▸ Exercise description
Reproduction without pictures: print every entry precisely as written.

[[ Records for the task, beginning ]]

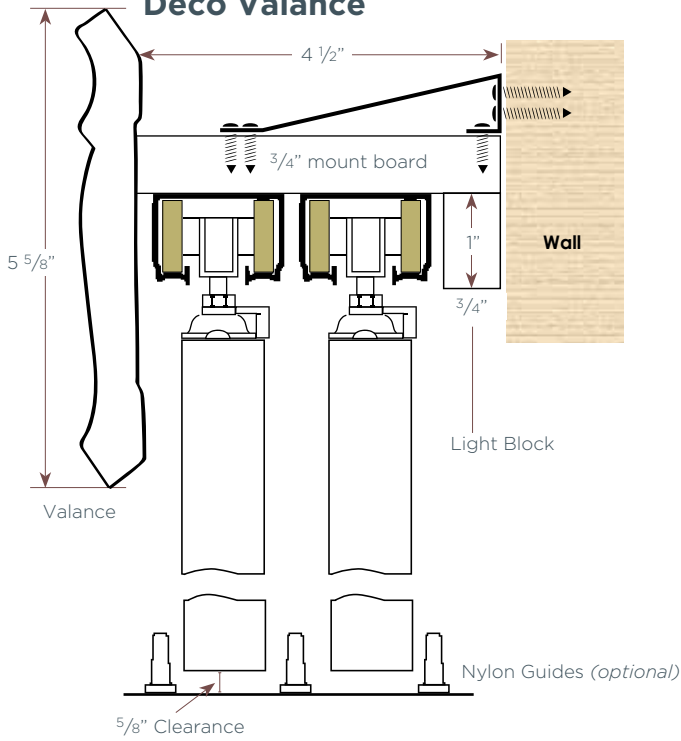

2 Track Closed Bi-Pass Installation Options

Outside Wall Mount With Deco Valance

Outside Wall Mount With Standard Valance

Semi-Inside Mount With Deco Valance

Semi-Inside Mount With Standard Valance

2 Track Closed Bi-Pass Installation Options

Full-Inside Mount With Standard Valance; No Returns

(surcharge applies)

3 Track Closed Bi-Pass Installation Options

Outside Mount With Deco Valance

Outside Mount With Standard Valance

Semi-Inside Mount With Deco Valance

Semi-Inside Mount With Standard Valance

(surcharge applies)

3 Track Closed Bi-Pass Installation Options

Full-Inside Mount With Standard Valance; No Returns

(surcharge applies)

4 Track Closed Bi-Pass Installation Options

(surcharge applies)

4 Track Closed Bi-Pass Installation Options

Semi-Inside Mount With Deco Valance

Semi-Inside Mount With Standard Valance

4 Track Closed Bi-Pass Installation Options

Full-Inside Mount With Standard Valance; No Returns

[[ Records for the task, end ]]

▸ Task output
2 Track Closed Bi-Pass Installation Options

Outside Wall Mount With Deco Valance

Outside Wall Mount With Standard Valance

Semi-Inside Mount With Deco Valance

Semi-Inside Mount With Standard Valance

2 Track Closed Bi-Pass Installation Options

Full-Inside Mount With Standard Valance; No Returns

(surcharge applies)

3 Track Closed Bi-Pass Installation Options

Outside Mount With Deco Valance

Outside Mount With Standard Valance

Semi-Inside Mount With Deco Valance

Semi-Inside Mount With Standard Valance

(surcharge applies)

3 Track Closed Bi-Pass Installation Options

Full-Inside Mount With Standard Valance; No Returns

(surcharge applies)

4 Track Closed Bi-Pass Installation Options

(surcharge applies)

4 Track Closed Bi-Pass Installation Options

Semi-Inside Mount With Deco Valance

Semi-Inside Mount With Standard Valance

4 Track Closed Bi-Pass Installation Options

Full-Inside Mount With Standard Valance; No Returns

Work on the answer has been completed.